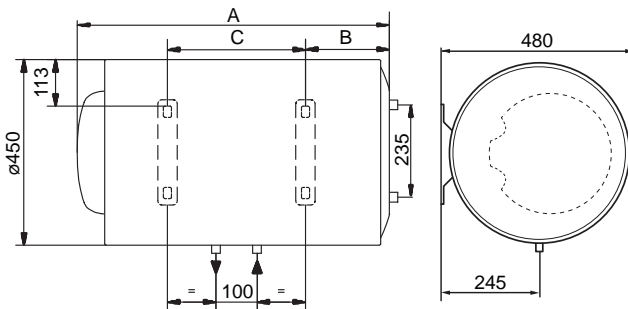

Vertical Model
Min. 3 - Max 8 mm

Schema installazione - Installation scheme - Schéma d'installation - Esquema de instalacion - Esquema da instalaçao - Beszerelési rajz - Schéma k instalaci - Installationsscheme - Šema instaliranja - Pajungimo schema - Uzstādīšanas shēma - Paigaldusskeem - Schemat instalacji - Instalacijska shema - Schemā de instalare - Монтажна схем - Vodorovné modely - Διαγραμμα εγκαταστασης - Vgradnja sistema - Installatieschema - Схема установки - Cihaz boyutlari - مخطط التركيب - Орнату схемасы - Схема установки

MOD.	A (mm)	B (mm)	C (mm)
50 V	573	193	-
65 V	695	193	-
80 V	778	193	-
100 V	918	181	-
FLEX 80 V	778	295	-
FLEX 100 V	918	283	-
HWST 80 V	748	163	370
HWST 100 V	900	163	522

Modelli verticali
Vertical models
Modèles verticaux
Modelos verticales
Modelos verticais
Álló modellek
Vertikalni modeli
Senkrechtes Modell
Vertikalni modeli
Vertikalus modelis
Vertikālie modeļi
Vertikaalsed mudelid
Modele pionowe
Vertikalni modeli
Modele verticale
Вертикални модели
Zvislé modely
Κάθετα μοντέλα
Vertikalni modeli
Verticale modellen
Модели для вертикального монтажа
Vertikal model
موديلات رأسية
Tik үлгілер
Вертикальні моделі

MOD.	A (mm)	B (mm)	C (mm)
80 H	748	178	334
100 H	918	196	486
80 HT	778	178	334

Modelli orizzontali
Horizontal models
Modèles horizontaux
Modelos horizontales
Modelos horizontales
Fekvő modellek
Horizontalni modeli
Waagerechtes Modell
Horizontalni modeli
Horizontalus modelis
Horizontālie modeļi
Horizontaalsed mudelid
Modele poziome
Horizontalni modeli
Modele orizontale
Horizontални модели
Vodorovné modely
Οριζόντια μοντέλα
Horizontalni modeli
Horizontale modellen
Модели для горизонтального монтажа
Yan model
موديلات أفقية
Көлдөңөң үлгілер
Горизонтальні моделі

════════

(WHAT YOU WILL DO):
Show every line above where "Modelos" is found.

(THE COMPLETED TASK):
Modelos verticales
Modelos verticais
Modelos horizontales
Modelos horizontales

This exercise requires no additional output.